As some of you may know, I described Google integration aspects few years ago. Here you can expect sum of my lessons learned, more insights and more advices on what you should be really careful about.
Motivation
Like described in my introduction post, the objective was to find images on Google Drive by parent folder URL passed in APEX page item. Plugin should do all this stuff, and save the results in APEX Collection. It was our definition of done as Steven decided to take care of further processing on PL/SQL side.
By saving results in APEX Collection, I mean adding one member row with JSON array data in CLOB001 column in following format:
{
"items": [
{
"sequenceNumber": "1",
"id": "someIdOfGoogleDriveElement",
"name": "1 begin",
"thumbnailURL": "https://drive.google.com/thumbnail?id=someIdOfGoogleDriveElement&sz=w300"
}
]
}
The idea of creating an APEX Plug-In sounds pretty fair for me. At the end of the day, I want to hide the complexity of the integration from the developers on one hand, but on the other I want to make it easy to copy over pages and look like almost native APEX option.
Prerequisites
In order to authenticate with Google we utilize Google Identity Services JavaScript library. It allows to get valid access token necesary for making API calls. Also, we use this feature every time when existing access token is expired. This is a sign that we need to request another one. Normally, token is valid for one hour (3600 seconds).
Since there is a lot AJAX calls in many places, the JavaScript code is kept in async/await manner for better readability and ease to understand the flow. Also, it gives you an impression that the code you are reading is running one by line really.
Some of you could ask: "Why not to use the Social Sign-In feature in APEX?". Well, the simplest answer is that Steven's application utilizes different Authentication Scheme. But I agree - that's extremely tempting because APEX can handle and manage the expiration of access tokens. In this case, the only thing we need to implement, is just calling the proper API endpoint without pointing to authorization elements anywhere. APEX just does it for you.

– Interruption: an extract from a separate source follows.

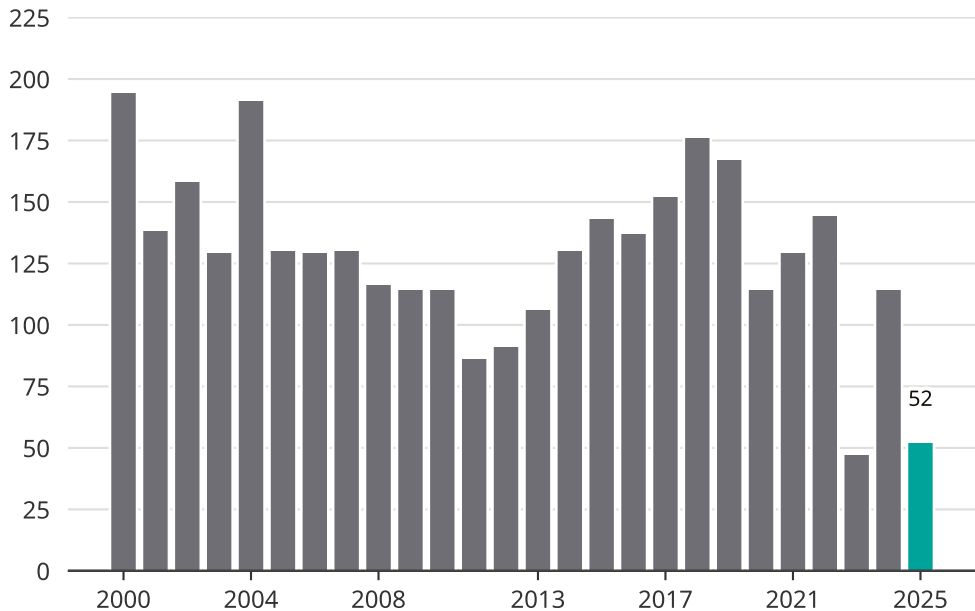

# Cykelstöder i Arvika 2000-2025

Källa: Brå. Observera att 2025 års siffror fortfarande är preliminära.

const GOOGLE_DRIVE_FILES_URL = "https://www.googleapis.com/drive/v3/files";
const API_KEY = 'MY_API_KEY';
const ORDER_BY = 'orderBy=name';
let PARENT_FOLDER_ID = configObj.folderId;
let FIELDS = "fields=files(id,name)";
let tokenState = getCurrentAccessToken();
let REQUEST_URL = GOOGLE_DRIVE_FILES_URL + "?" +
ORDER_BY + "&" +
"q='" + PARENT_FOLDER_ID + "' in parents and trashed=false" + "&" +
FIELDS + "&" +
"key=" + API_KEY;
let googleDriveAjaxResult = await $.ajax({
headers: {
'Authorization': tokenState.token_type + ' ' + tokenState.access_token
},
url: REQUEST_URL,
type: 'GET'
});
Plug-In Structure
There are few assumptions and functionalities that should be available in my Plug-In. It is time to describe them in more detail for better understanding what should be included in such solution.
Render Function
The render PL/SQL function is very short - it uses the APEX_JAVASCRIPT API to run JavaScript function defined in separate script file. Also, the same API creates a const variable storing the Plug-In's AJAX identifier. Now, both properties of T_DYNAMIC_ACTION_RENDER_RESULT are set, which ends the definition of render function.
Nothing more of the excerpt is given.